BRIEF →
Leaving out the pictures, write out exactly each line from the line with "Layer Notes: 130-129cm:Problematic layer" through the close of the listing below.

»»

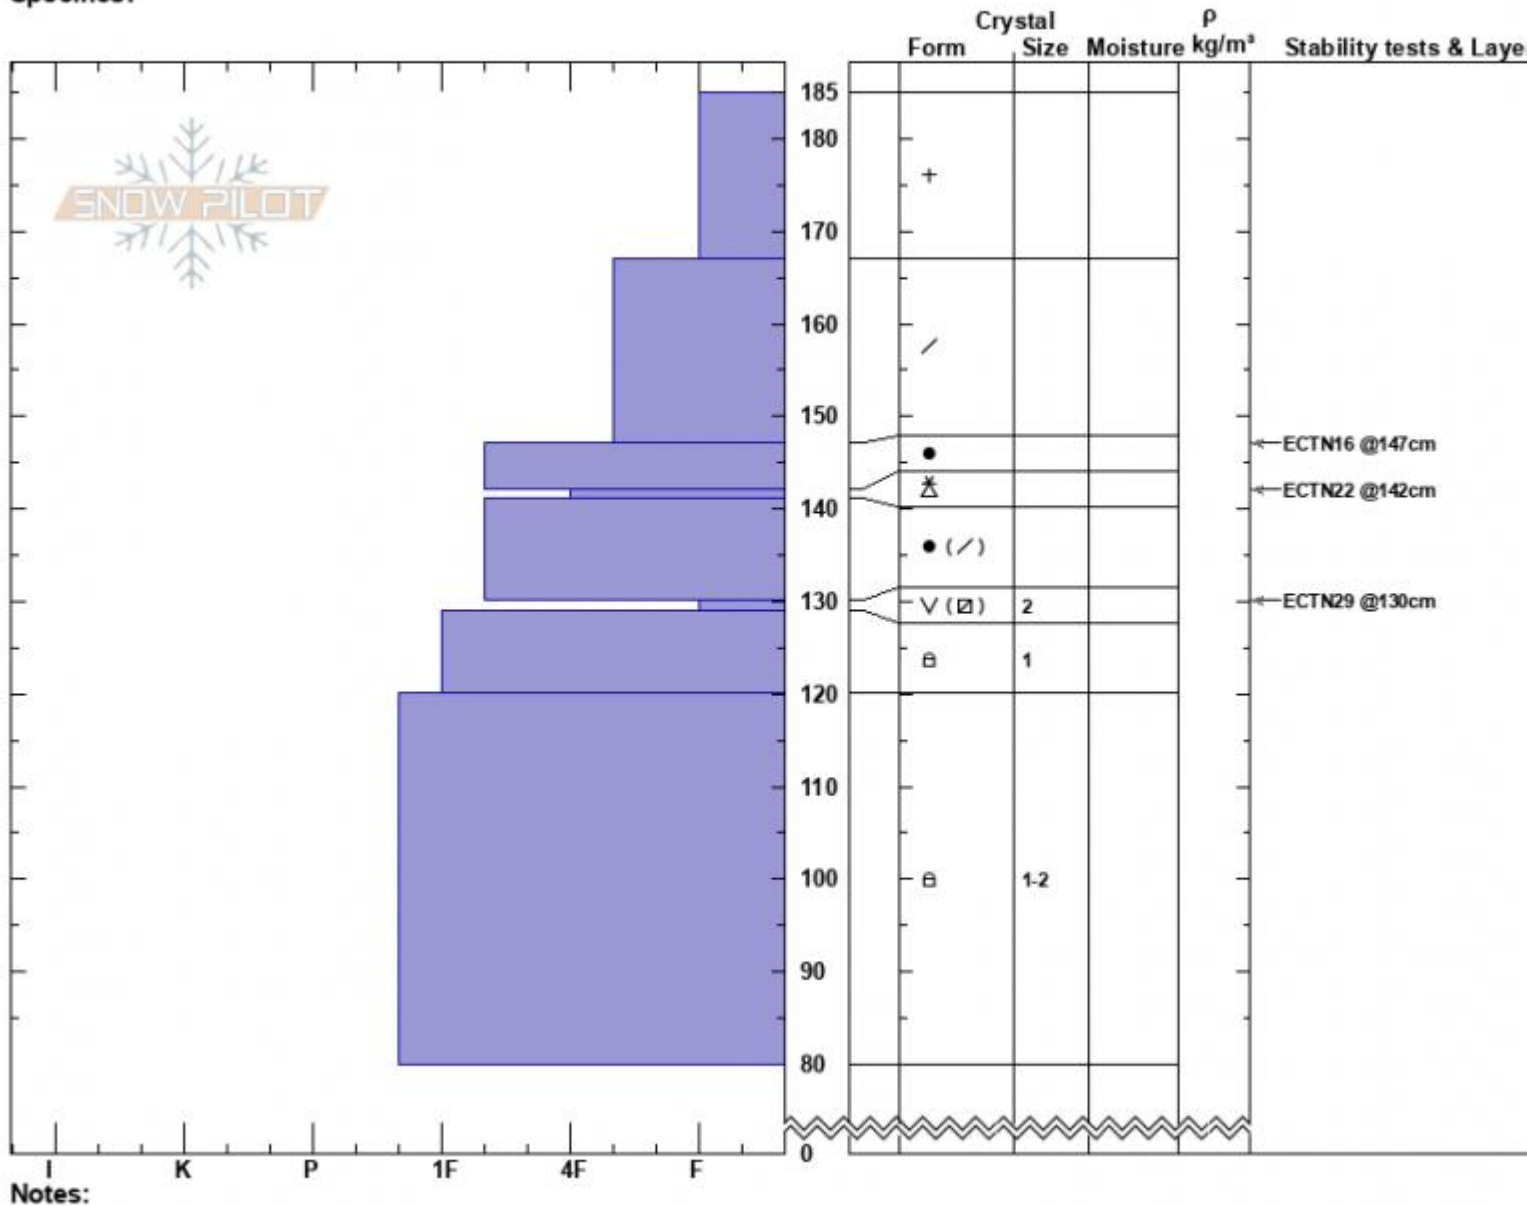

Across from Arange
 Centennial Range
 ID
 Elevation: 8794 ft
 Aspect: 180°
 Specifics:

Dave Zinn
 01/17/2023 - 1:00pm
 Co-ord: 44.53048N, -111.45995W
 Slope Angle: 30°
 Wind Loading: no

Stability: Fair
 Air Temperature:
 Sky Cover: CLR
 Precipitation: NO
 Wind: Calm

HS:185
 PF:30
 Layer Notes: 130-129cm:Problematic layer

Advisory Region
 Island Park
 Longitude
 -111.63W
 Latitude
 44.52N
 Island Park, 2023-01-17
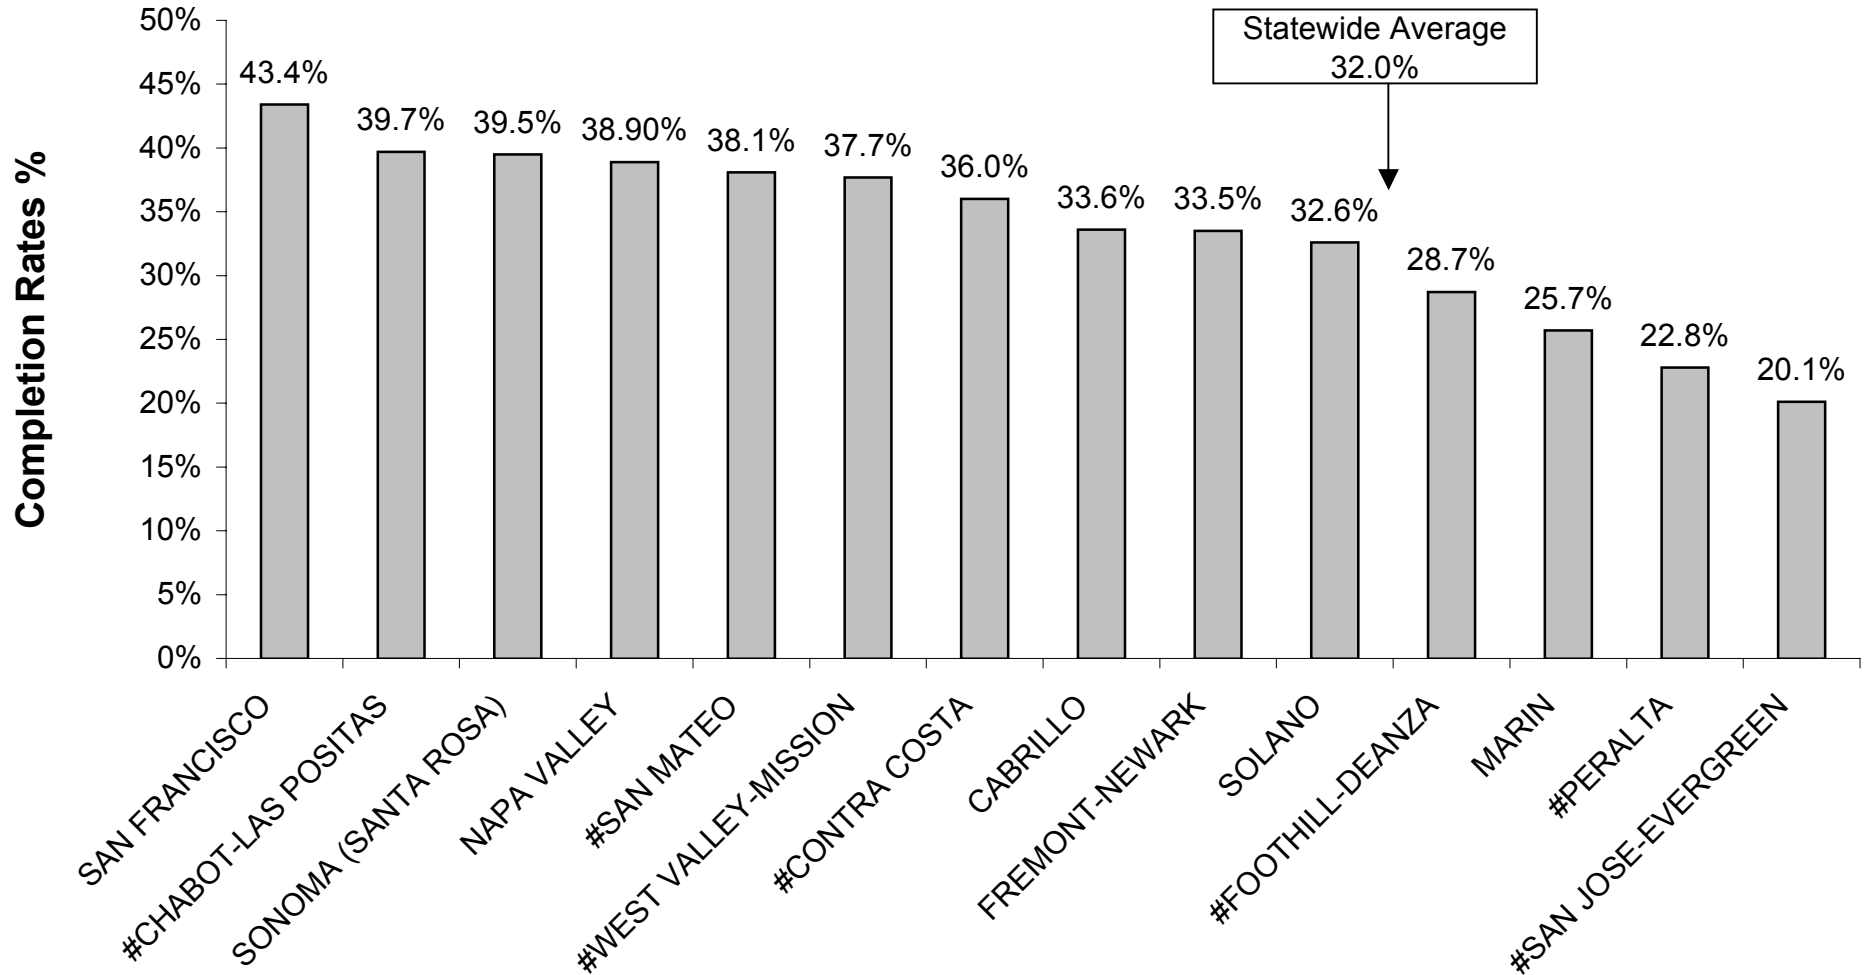

GREATER S. F. BAY AREA COMMUNITY COLLEGE DISTRICTS ASSOCIATE DEGREE & CERTIFICATE COMPLETION RATES 1996 - 1999

Note: # = Mult-Campus District

««

WRITTEN REPLY →
 Layer Notes: 130-129cm:Problematic layer

Advisory Region
 Island Park
 Longitude
 -111.63W
 Latitude
 44.52N
 Island Park, 2023-01-17

GREATER S. F. BAY AREA COMMUNITY COLLEGE DISTRICTS ASSOCIATE DEGREE & CERTIFICATE COMPLETION RATES 1996 - 1999

Note: # = Mult-Campus District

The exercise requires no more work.